SOURCE MATERIAL ->
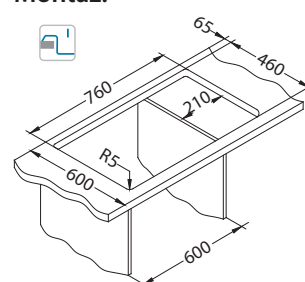

Galapagos 30

1105296

Rozmiar: 770 x 430 mm
Rozmiar komory: 380 x 370 x 150 mm

Akcesoria:

Deska do krojenia tworzywo 1152908 149,00 zł

wykończenie	kod	typ	odpływ	otwór Ø 35 mm	PLN/szt.*
G11-Biały	1513011	odwracalny	3½"	2x	799,00
G55-Beż	1513055	odwracalny	3½"	2x	799,00
G91-Czarny	1513091	odwracalny	3½"	2x	799,00

Montaż:

Record 30

1113101

Rozmiar: 780 x 480 mm
Rozmiar komory: 360 x 400 x 160 mm

Akcesoria:

Deska do krojenia tworzywo 1152908 149,00 zł

wykończenie	kod	typ	odpływ	otwór Ø 35 mm	PLN/szt.*
G11-Biały	1115011	odwracalny	3½"	2x	759,00
G55-Beż	1115055	odwracalny	3½"	2x	759,00
G91-Czarny	1115191	odwracalny	3½"	2x	759,00

Montaż:

Record 40

1130548

Rozmiar: 780 x 480 mm
Rozmiar komory: 440 x 400 x 180 mm

Akcesoria:

Deska do krojenia tworzywo 1152908 149,00 zł

Deska do krojenia drewniana 1158401 259,00 zł

Deska do krojenia drewniana 1158400 219,00 zł

wykończenie	kod	typ	odpływ	otwór Ø 35 mm	PLN/szt.*
G11-Biały	1144011	odwracalny	3½"	2x	909,00
G55-Beż	1144055	odwracalny	3½"	2x	909,00
G91-Czarny	1144091	odwracalny	3½"	2x	909,00

Montaż:

TASK INSTRUCTIONS -> Start printing at the line with "Rozmiar komory: 380 x 370 x 150 mm" and stop after the final line of the listing above, keeping every line exact.

TASK RESPONSE ->
Rozmiar komory: 380 x 370 x 150 mm

Akcesoria:

Deska do krojenia tworzywo 1152908 149,00 zł

wykończenie	kod	typ	odpływ	otwór Ø 35 mm	PLN/szt.*
G11-Biały	1513011	odwracalny	3½"	2x	799,00
G55-Beż	1513055	odwracalny	3½"	2x	799,00
G91-Czarny	1513091	odwracalny	3½"	2x	799,00

Montaż:

Record 30

1113101

Rozmiar: 780 x 480 mm
Rozmiar komory: 360 x 400 x 160 mm

Akcesoria:

Deska do krojenia tworzywo 1152908 149,00 zł

wykończenie	kod	typ	odpływ	otwór Ø 35 mm	PLN/szt.*
G11-Biały	1115011	odwracalny	3½"	2x	759,00
G55-Beż	1115055	odwracalny	3½"	2x	759,00
G91-Czarny	1115191	odwracalny	3½"	2x	759,00

Montaż:

Record 40

1130548

Rozmiar: 780 x 480 mm
Rozmiar komory: 440 x 400 x 180 mm

Akcesoria:

Deska do krojenia tworzywo 1152908 149,00 zł

Deska do krojenia drewniana 1158401 259,00 zł

Deska do krojenia drewniana 1158400 219,00 zł

wykończenie	kod	typ	odpływ	otwór Ø 35 mm	PLN/szt.*
G11-Biały	1144011	odwracalny	3½"	2x	909,00
G55-Beż	1144055	odwracalny	3½"	2x	909,00
G91-Czarny	1144091	odwracalny	3½"	2x	909,00

Montaż:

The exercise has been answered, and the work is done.